### RECORD EXTRACTS
***

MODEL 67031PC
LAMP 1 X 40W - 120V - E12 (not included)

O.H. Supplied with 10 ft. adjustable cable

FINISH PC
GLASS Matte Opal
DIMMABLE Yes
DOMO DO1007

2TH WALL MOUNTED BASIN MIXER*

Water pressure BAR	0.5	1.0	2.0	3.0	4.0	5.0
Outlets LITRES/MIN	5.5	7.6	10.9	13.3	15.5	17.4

***

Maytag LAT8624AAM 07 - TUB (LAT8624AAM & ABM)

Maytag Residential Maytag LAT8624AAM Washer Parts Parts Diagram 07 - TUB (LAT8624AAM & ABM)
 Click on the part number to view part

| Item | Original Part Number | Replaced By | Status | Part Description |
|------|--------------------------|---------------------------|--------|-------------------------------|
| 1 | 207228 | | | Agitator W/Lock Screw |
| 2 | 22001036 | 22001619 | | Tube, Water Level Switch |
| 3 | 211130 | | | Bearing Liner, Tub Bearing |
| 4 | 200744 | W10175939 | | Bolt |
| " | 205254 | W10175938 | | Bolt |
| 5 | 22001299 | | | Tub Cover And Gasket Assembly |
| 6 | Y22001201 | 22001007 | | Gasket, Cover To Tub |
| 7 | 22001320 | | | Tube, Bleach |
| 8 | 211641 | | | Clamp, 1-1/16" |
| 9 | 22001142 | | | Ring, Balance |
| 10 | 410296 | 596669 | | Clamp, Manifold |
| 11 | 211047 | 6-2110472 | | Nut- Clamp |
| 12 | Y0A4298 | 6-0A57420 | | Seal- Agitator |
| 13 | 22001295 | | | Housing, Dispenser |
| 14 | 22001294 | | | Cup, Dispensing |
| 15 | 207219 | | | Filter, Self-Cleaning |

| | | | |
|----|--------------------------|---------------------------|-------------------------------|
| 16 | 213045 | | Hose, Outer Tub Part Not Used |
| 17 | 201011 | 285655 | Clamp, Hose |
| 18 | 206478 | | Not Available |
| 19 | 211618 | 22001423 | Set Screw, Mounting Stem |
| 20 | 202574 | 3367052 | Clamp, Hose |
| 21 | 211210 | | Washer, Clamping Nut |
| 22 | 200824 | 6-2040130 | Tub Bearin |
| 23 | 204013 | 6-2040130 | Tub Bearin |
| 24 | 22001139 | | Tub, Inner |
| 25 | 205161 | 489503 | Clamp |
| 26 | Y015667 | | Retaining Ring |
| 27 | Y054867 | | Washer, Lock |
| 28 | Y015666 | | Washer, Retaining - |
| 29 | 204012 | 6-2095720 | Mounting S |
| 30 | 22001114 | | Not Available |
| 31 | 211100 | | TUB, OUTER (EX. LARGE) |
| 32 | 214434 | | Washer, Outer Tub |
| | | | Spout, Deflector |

***

### WHAT IS REQUIRED
Check each line in the records above for the word "Agitator". Return those that have it.

### RESULT OF THIS TASK
| 1 | 207228 | | | Agitator W/Lock Screw |
| 12 | Y0A4298 | 6-0A57420 | | Seal- Agitator |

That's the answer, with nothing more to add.